Guardrail — never use model consensus as the completion signal. A loop's success/exit signal must come from an external, mechanical verification (tests pass, a metric crosses a threshold, a check exits 0) — not from an LLM (or N copies of one model) judging its own work "done." Agreement among same-model passes is circular: they converge on a confidently-wrong "finished" with no outside ground truth. (Adversarial review by a different model is fine as a finding generator; it is not a completion oracle. The done-condition stays mechanical.) This is the one durable lesson from "until-done" autonomous loops — bound the loop by a verifiable signal, never by self-assessed consensus.

Proposal Format

Propose 1 to 5 loops, ordered by expected value and safety.

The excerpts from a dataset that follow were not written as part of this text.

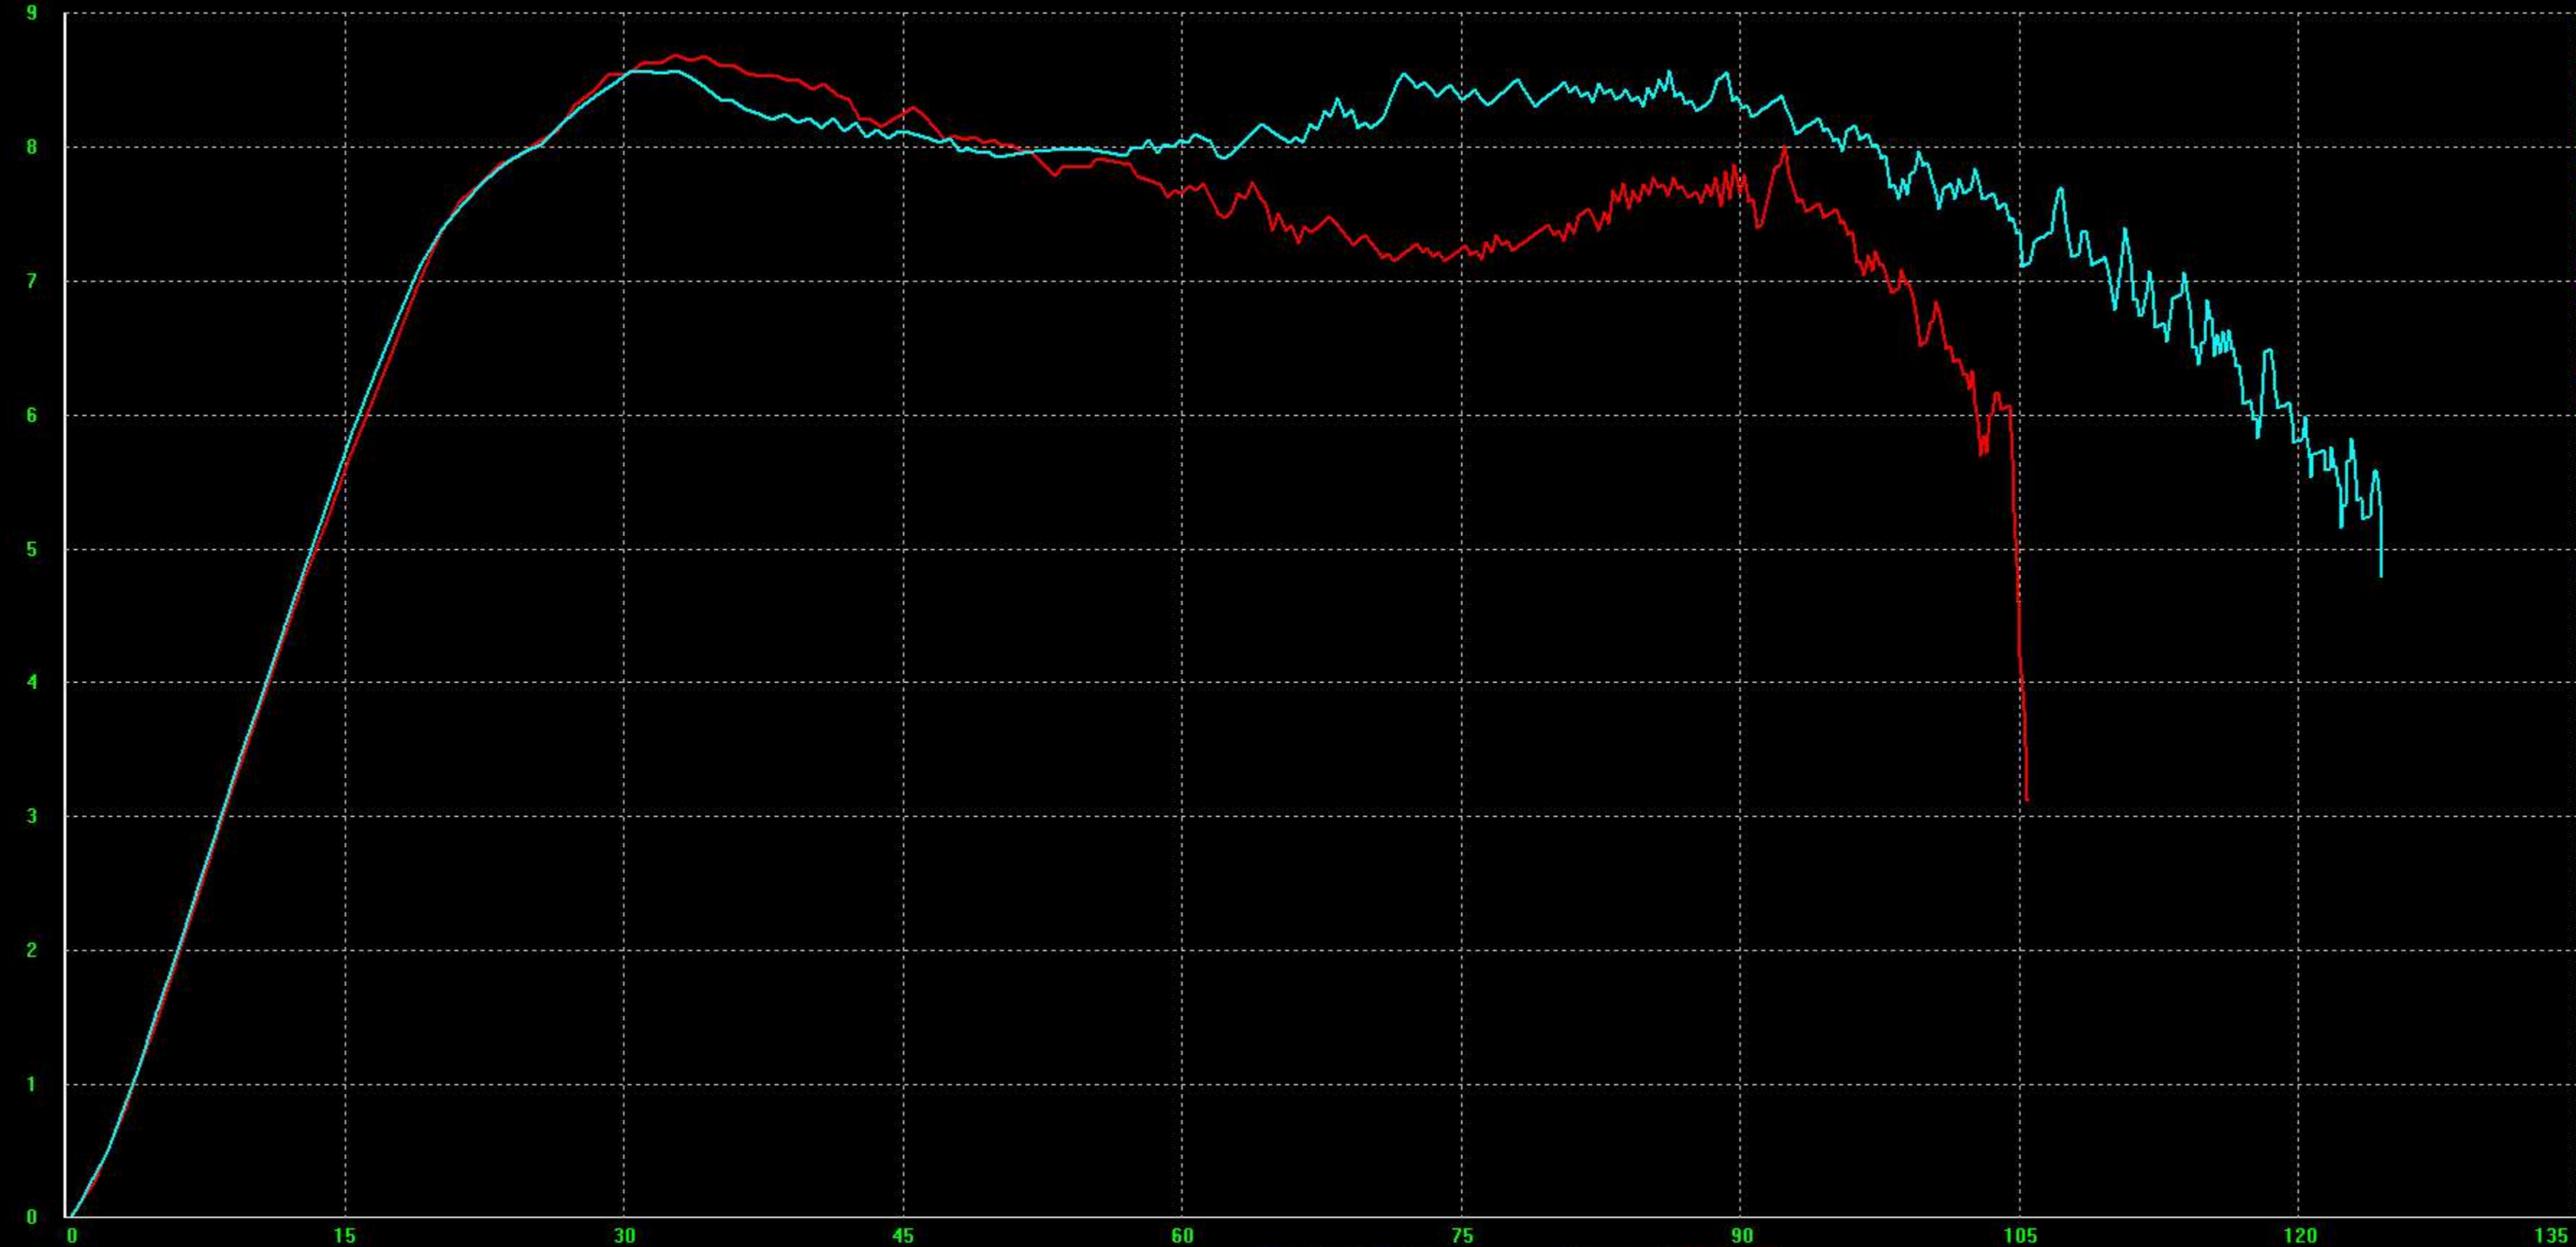

### Potencia en la rueda corregida [Cv]

- Potencia
- Par motor
- Espacio
- Velocidad
- Acel.
- Regimen
- Relacion
- Lambda
- Pot./Gopp.
- Pot./Lamb.
- Pot./Temp.
- Pot./Opc.
- Vel./Rpm
- Todas

Corrección

95/1/CE

Rapid Link

Conexión

Velocidad [Km/h]

Maximo	Minimo	Valor medio	Lector	Regimen	Velocidad	Tiempo	Datos	Inicio
Esconde	Tabla	Legenda	Abrir	Compara	Graba	Imprime	Unidad	Salir

Clicar y desplazar el mouse por el zoom sobre la curva; tecla derecha mouse: Visualiza la curva entera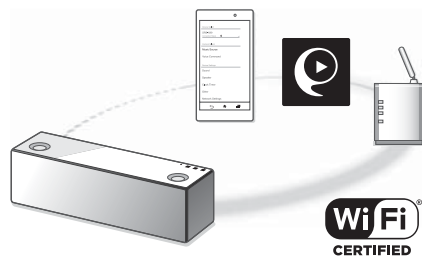

1

2

3

4

BG Изтегляне на SongPal

CS Stáhněte si aplikaci SongPal

EE SongPali allalaadimine

EL Κατεβάστε το SongPal

HR Preuzmite SongPal

HU Töltse le a SongPal alkalmazást

LT „SongPal“ atsiuntimas

LV Lejupielādējiet SongPal

RO Descărcați SongPal

SK Prevezmite aplikáciu SongPal

SL Prenesite aplikacijo SongPal

SR Preuzimanje aplikacije SongPal

Свързване на SongPal чрез Wi-Fi

Připojte se s aplikací SongPal přes Wi-Fi

SongPaliga Wi-Fi kaudu ühenduse loomine

Συνδεθείτε στο SongPal μέσω Wi-Fi

Povežite se s aplikacijom SongPal putem Wi-Fi mreže

Csatlakozzon a SongPal alkalmazáshoz Wi-Fi kapcsolaton keresztül

„SongPal“ prijungimas naudojant „Wi-Fi“

Izveidojiet savienojumu ar SongPal, izmantojot Wi-Fi

Conectați-vă la SongPal prin Wi-Fi

Pripojte sa k aplikácii SongPal prostredníctvom siete Wi-Fi

Z aplikacijo SongPal se povežite prek omrežja Wi-Fi

Povežite se sa aplikacijom SongPal putem Wi-Fi veze

Завършете тази инсталация според инструкциите на SongPal

Dokončete nastavení podle instrukcí v aplikaci SongPal

Lõpetage seadistus SongPali juhiste kohaselt

Ολοκληρώστε τη ρύθμιση σύμφωνα με τις οδηγίες στο SongPal

Izvršite postavljanje prema uputama za SongPal

Végezze el a beállítását a SongPal alkalmazás utasításai szerint

Sąranka pagal „SongPal“ nurodymus

Pabeidziet iestatīšanu, kā norādīts lietotnē SongPal

Efectuați configurarea, potrivit indicațiilor din SongPal

Dokončite nastavenie podľa pokynov v aplikácii SongPal

Sledite navodilom za dokončanje namestitve v aplikaciji SongPal

Završite instalaciju prateći uputstva na SongPal-u

Otvorite muzikalno приложение Google Cast Ready i započnete ulavljanje ot visokogovornika

Otvorite hudobní aplikaci Google Cast Ready a spusťte odesílání do reproduktoru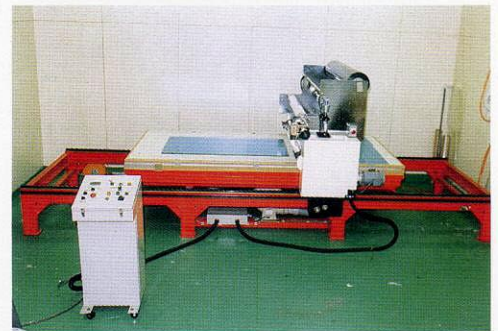

# VFT-1300GL

## 平面・枚葉ラミネーター

### Flat-Bed Laminator for trimming

トリミング用ラミネーターとして、ストライプを活かしたパターンガラス、ガラス切り文字等に最適です。1300×2600mm 大の盤上には多数の空気孔があり、エア吹き上げ、吸着が行え、ガラスの移動、固定が容易に出来ます。

Pattern glass with stripe and cutting letter.  
On the bed (1300×2600mm), there are many air hole.  
Glass is transported by air smoothly and safely.

For each loop, use exactly this structure:

## Loop <N> — <short name>

- Objective: <what this loop is trying to improve>
- Why now: <evidence from KB, tests, issues, CI, or code>
- Confidence: high | medium | low
- Writable scope: <specific files, directories, or globs>
- Read-only context: <files/docs/tests/issues to consult but not modify>
- Metric: <single primary metric or binary pass condition>
- Verify: `<command>`
- Guard: `<command or none>`
- Max iterations: <integer between 3 and 5; pick lower for high-risk scopes>
- Risk: low | medium | high
- Keep rule: <when a change is kept>
- Discard rule: <when a change is reverted or abandoned>
- KB basis: <spec/properties/architecture refs, or “none”>

After the proposals, add:

## Recommendation

- Best starting loop: <Loop N>
- Why: <why this one is the best first candidate>
- Missing setup: <anything the user should define before execution, or “none”>

## Tool Opportunities

For each loop proposed above, identify patterns that could become deterministic tools
instead of LLM judgment. Optional section — only include if a genuine opportunity exists.

Format:

[TOOL] — replaces: Trigger: <when this tool would run — CI, pre-commit, post-edit> Output: <what it produces — exit code, report, annotation>


Examples:
- [TOOL] Custom linter rule for missing auth guards — replaces: reviewer manually checking auth on each new endpoint
- [TOOL] Schema diff checker — replaces: LLM comparing API responses to spec definitions

Rules

Do not start editing code as part of this skill
Do not propose an unbounded loop by default; bounded loops only
Prefer deterministic metrics over subjective judgment
If no trustworthy verification signal exists, say so explicitly and refuse to propose an execution-ready loop
If KB exists and conflicts with issues or code, note the contradiction instead of papering over it
If confidence is low because KB is absent, say that explicitly

When to Go Back

Condition	Action
No measurable verification signal exists for any candidate	Stop — do not propose a loop; report to human
KB contradicts the proposed improvement area	Stop — surface the contradiction, do not paper over it

What Next

Primary path: pass the approved loop spec as $ARGUMENTS to /improvement-loop.